New Prevention of Corruption (Amendment) Act in India and sustainability of the multi-stakeholder initiative discussed at 4th Advisory Group meeting in India


New Delhi, India

The Alliance for Integrity convened an Advisory Group and Stakeholder Meeting on 28 August 2018 at the Hyatt Regency Hotel in New Delhi. The meeting commenced with welcome remarks by Susanne Friedrich, who introduced herself as the new Director of the Alliance for Integrity.

Prasad Chandran, Chair of the Advisory Group and Director of Seegos, identified the new Prevention of Corruption Act in India as a positive step in the right direction. He invited the participants to make use of this momentum and called for concrete action.

Participants agreed on the need to design practical tools for SMEs in order to reduce additional costs due to compliance efforts. Activities shall be set up looking at specific value chains, identifying the areas where most compliance efforts are needed and designing tools and interventions to incentivise companies to tackle them. In this context, the need to elaborate on business case for compliance was emphasised. Therefore, a joint effort of private companies and the public sector, represented in the meeting by the Indian Institute of Corporate Affairs (IICA) with its training programme for SMEs, shall be set up.

Another topic for discussion was the future of the Alliance for Integrity, which is supposed to continue expanding its national and global network, since preventing corruption requires a broad coalition of actors from different stakeholder groups to create an environment where integrity and transparency are the norm rather than the exception. In the light of this objective, three main activities have been identified as fundamental for the success of the network: First: target group-oriented training and peer-to-peer-learning, e.g. gender-related issues or specific value chains. Second: the development and promotion of digital solutions to prevent corruption such as TheIntegrityApp developed by the Alliance for Integrity in 2017. Third: the systematisation and documentation of good practice examples of collective action in order to promote the exchange of experiences between regions and feed the practical lessons into the global debates about corruption prevention and integrity.

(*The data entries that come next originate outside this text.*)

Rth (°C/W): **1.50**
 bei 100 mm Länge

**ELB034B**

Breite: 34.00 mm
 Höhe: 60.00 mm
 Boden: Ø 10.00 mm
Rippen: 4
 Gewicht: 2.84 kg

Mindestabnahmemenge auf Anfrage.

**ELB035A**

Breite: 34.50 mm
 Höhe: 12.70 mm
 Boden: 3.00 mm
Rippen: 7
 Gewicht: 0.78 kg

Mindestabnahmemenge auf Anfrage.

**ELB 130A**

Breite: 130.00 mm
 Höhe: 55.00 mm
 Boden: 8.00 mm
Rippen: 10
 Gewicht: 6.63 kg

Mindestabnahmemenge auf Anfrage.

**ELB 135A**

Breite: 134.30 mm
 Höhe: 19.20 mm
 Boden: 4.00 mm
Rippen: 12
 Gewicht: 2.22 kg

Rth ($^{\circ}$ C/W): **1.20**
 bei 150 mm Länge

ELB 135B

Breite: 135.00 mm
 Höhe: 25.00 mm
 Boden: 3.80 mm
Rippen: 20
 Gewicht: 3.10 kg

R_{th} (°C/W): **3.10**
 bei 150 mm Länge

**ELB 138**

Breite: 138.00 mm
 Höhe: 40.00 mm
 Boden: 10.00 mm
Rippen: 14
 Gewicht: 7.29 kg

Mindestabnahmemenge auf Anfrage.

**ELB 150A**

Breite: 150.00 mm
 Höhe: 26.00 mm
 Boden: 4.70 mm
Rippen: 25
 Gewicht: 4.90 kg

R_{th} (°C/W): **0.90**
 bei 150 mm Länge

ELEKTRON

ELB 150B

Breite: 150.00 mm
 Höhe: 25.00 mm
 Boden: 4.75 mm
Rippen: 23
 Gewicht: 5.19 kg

Finally, Susanne Friedrich shared the plan to create a so-called “Vision 2025” among partners to assure the sustainability of the Alliance for Integrity’s efforts in the future. The Chair of the Advisory Group thanked Nandini Sharma, former Network Manager India of the Alliance for Integrity, for her engagement and excellent work and closed the meeting by emphasising the need to invite more companies to join and strengthen the Alliance for Integrity’s network for the promotion of business integrity.